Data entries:
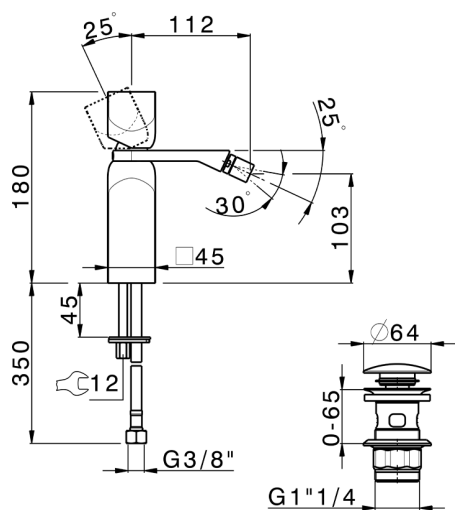

Single lever bidet mixer HI-RISE_RI000554

MODEL **RI000554**

Single lever bidet mixer, with 1"1/4 automatic pop up waste, G.3/8" stainless steel flexible hoses

AVAILABLE FINISHINGS

-  **21** 21 Chrome
-  **24** 24 Gold
-  **2F** 2F Brushed Nickel
-  **2W** 2W Brushed Gold
-  **40** 40 Matt Black
-  **4Q** 4Q Matt White
-  **5G** 5G Rose Gold
-  **6V** 6V Matt White/Brushed Nickel
-  **6X** 6X Matt White/Brushed Gold
-  **7W** 7W Matt Black/Brushed Gold

CHARACTERISTICS

Cartridge Spare Parts

ZZ96550000

25 mm Cartridge

2026-01-13
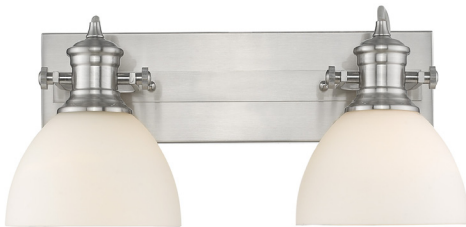

JOB NAME _____

JOB TYPE _____

COMMENTS _____

HINES

3118-BA2 PW-OP

UPC: 844375057906

2 Light Bath Vanity

Offered in three smooth finishes, with two glass options, Hines is suitable for a variety of decors. The transitional style is a marriage of traditional silhouettes with modern finishes. Chrome, Black, and Pewter fixtures are paired with opal or seeded glass shades. This 2 light bath vanity is UL approved damp locations.

Fixture Finish:	Pewter	
Glass/Shade Finish:	Opal Glass	
Materials:	Steel	Glass
Fixture Width:	17.875"	45.4025cm
Fixture Height:	8.375"	21.27cm
Fixture Extension	8.25"	20.96cm
Glass Diameter:	6.875"	17.4625cm
Glass Height:	4.75"	12.065cm
Canopy Backplate Dimensions:	16.125"W x 4.625"H x 0.875"E	40.96cmW x 11.75cmH x 2.22cmE
Chain:	NA	NA
Rod:	NA	NA
Wire:	8"	20.32cm
Bulb Type:	Incandescent, Type A	Bulbs Not Included
Wattage:	2 x 60W(M)	
Voltage:	120	
Install Position:	Not Reversible	
Approved Location:	Damp Location	
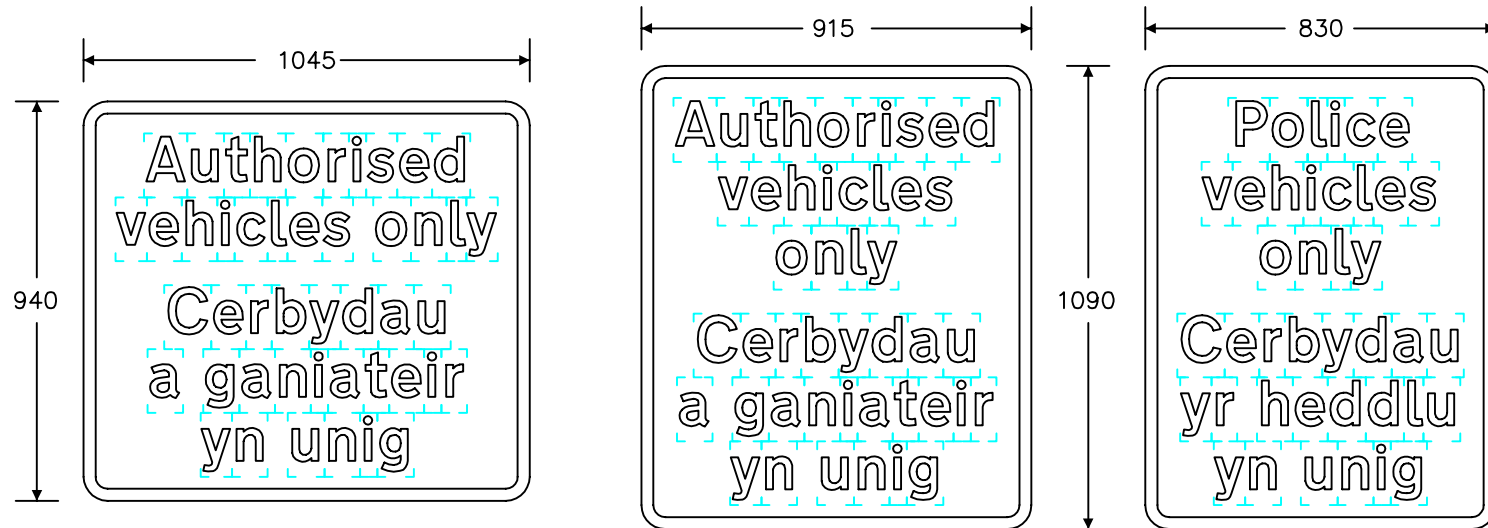

Notes: -

1. The legend is from the Transport Medium alphabet at the 'x'-height shown.
2. The outlines of the tiles do not form part of the sign.
3. The colours are as follows: -
 Border & legend ——— White
 Background ——— Blue
4. The illumination of the sign must accord with the requirements of the current 'Traffic Signs Regulations and General Directions'.
5. The order of languages may be reversed if required.
6. All dimensions are given in millimetres.

Variants

REVISIONS	
1.	Dims. chgd., notes amended 12.4.78
2.	Dims. chgd., design space added 2.10.90
3.	Redesigned, dims. chgd., no. chgd. from 925 27.9.96
4.	Layout amended 15.1.99
5.	Accent added 14.4.99
6.	Redrawn & notes amended 28.8.03
7.	Variant added 6.10.05
Before using this drawing, confirm with RNM3 Division that it has not been superseded.	
Drn. A.T.I.	Appd.
Chkd.	Appl. date 4.10.76
Issue: 6.10.05	
Scale: Photo-reduced	
Title	
Informatory Sign	
POLICE PATROL VEHICLES ONLY	
WELSH ASSEMBLY GOVERNMENT	
Drwg. no.	WAG/P 829.6
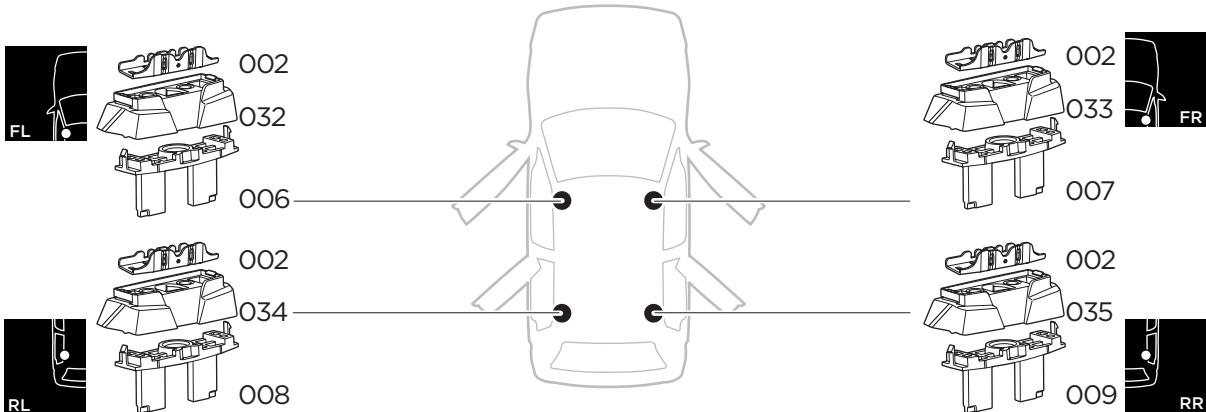

1

Kit 187038

MERCEDES C-Class (W205), 4-dr Sedan, 14-

ISO 11154-E

This kit is only for vehicles with fixpoint mounting.

3

4

5
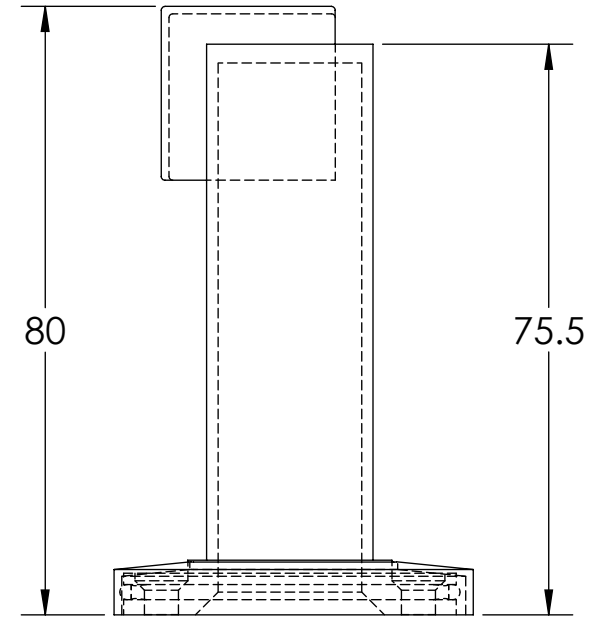

3 x #10 X 1.5"
WOOD SCREWS

3 x #10 X 2"
WOOD SCREWS

DS-60

800.219.2366 www.linnea-home.com
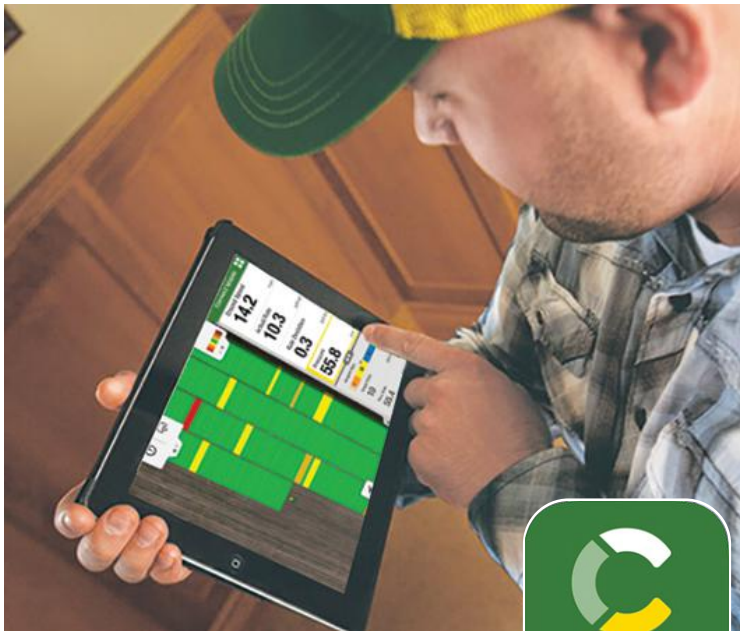

Not just for planters!

CONNECT MOBILE

From planting to harvest, Kibble Equipment technology options seamlessly connect your machines, people, technology, and insights to give you an advantage all year long.

- ▶ Monitor the performance of your combine, planter, or sprayer
- ▶ Understand what adjustments can improve the job performance
- ▶ Analyze detailed machine information to maximize results from the work you do to make better decisions in the future
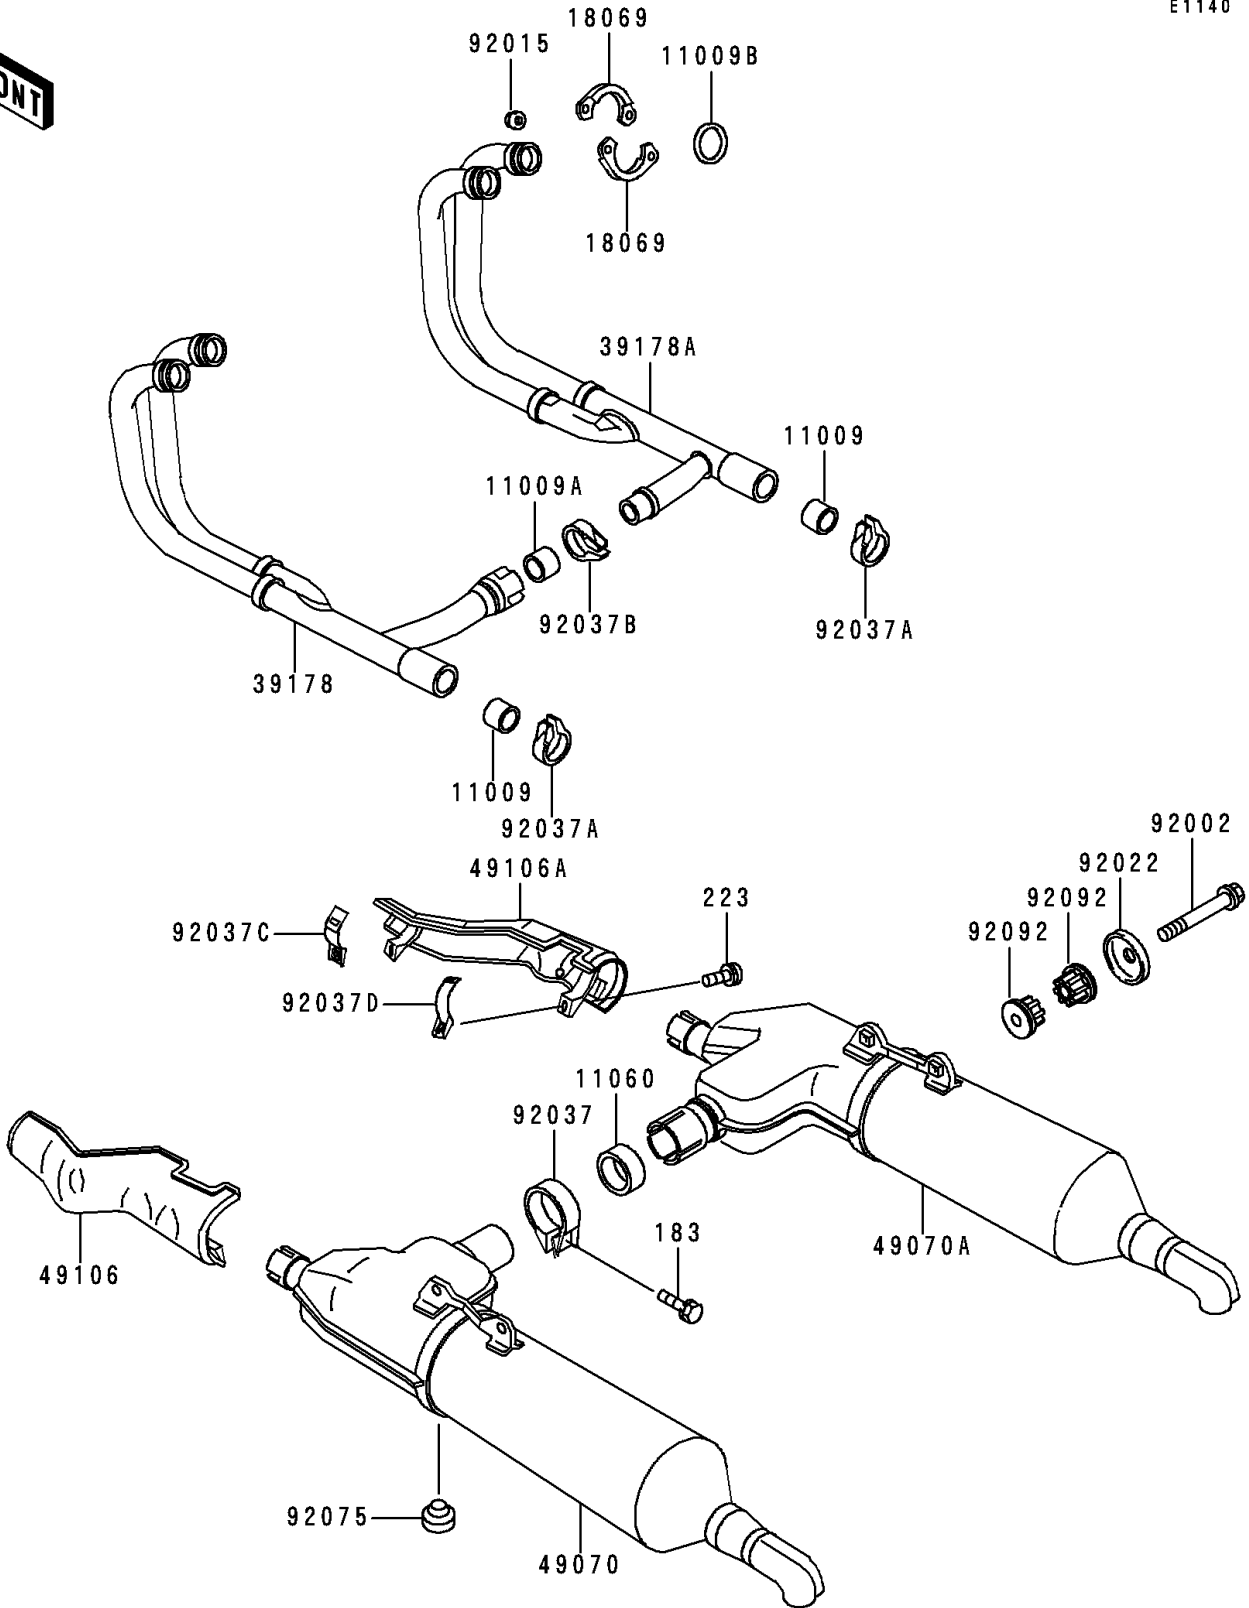

# 1996 Voyager XII PARTS DIAGRAM

Muffler(s)

E1140

# 1996 Voyager XII PARTS LIST

## Muffler(s)

ITEM NAME	PART NUMBER	QUANTITY
BOLT-UPSET-WS-SMALL (Ref # 183)	183J0835	1
SCREW-PAN-WS-CROS (Ref # 223)	223X0625	4
GASKET,EXHAUST PIPE CONNECTING (Ref # 11009)	11009-1666	2
GASKET,EXHAUST MANUFOLD (Ref # 11009A)	11009-1668	1
GASKET,EXHAUST PIPE HOLDER (Ref # 11009B)	11009-1906	4
GASKET,MUFFLER (Ref # 11060)	11060-1095	1
HOLDER-EXHAUST PIPE (Ref # 18069)	18069-1070	8
MANIFOLD-COMP-EXHAUST,LH (Ref # 39178)	39178-1100	1
MANIFOLD-COMP-EXHAUST,RH (Ref # 39178A)	39178-1101	1
MUFFLER-COMP,LH (Ref # 49070)	49070-1115	1
MUFFLER-COMP,RH (Ref # 49070A)	49070-1116	1
COVER-MUFFLER,LH (Ref # 49106)	49106-1069	1
COVER-MUFFLER,RH (Ref # 49106A)	49106-1070	1
BOLT,10X55 (Ref # 92002)	92002-1826	4
NUT,8MM (Ref # 92015)	92015-1398	8
WASHER (Ref # 92022)	92022-289	4
CLAMP,MUFFLER (Ref # 92037)	92037-1055	1
CLAMP,POWER CHAMBER (Ref # 92037A)	92037-1228	2
CLAMP,MUFFLER (Ref # 92037B)	92037-1258	1
CLAMP,MUFFLER COVER,FR (Ref # 92037C)	92037-1752	2
CLAMP,MUFFLER COVER,RR (Ref # 92037D)	92037-1753	2
DAMPER (Ref # 92075)	92075-1045	1
BUSHING-RUBBER,MUFFLER (Ref # 92092)	92092-1013	8

> Exercise instructions
Copy out each line of the entries above that holds "Brushed".

> Answer for the task
-  **2F** 2F Brushed Nickel
-  **2W** 2W Brushed Gold
-  **6V** 6V Matt White/Brushed Nickel
-  **6X** 6X Matt White/Brushed Gold
-  **7W** 7W Matt Black/Brushed Gold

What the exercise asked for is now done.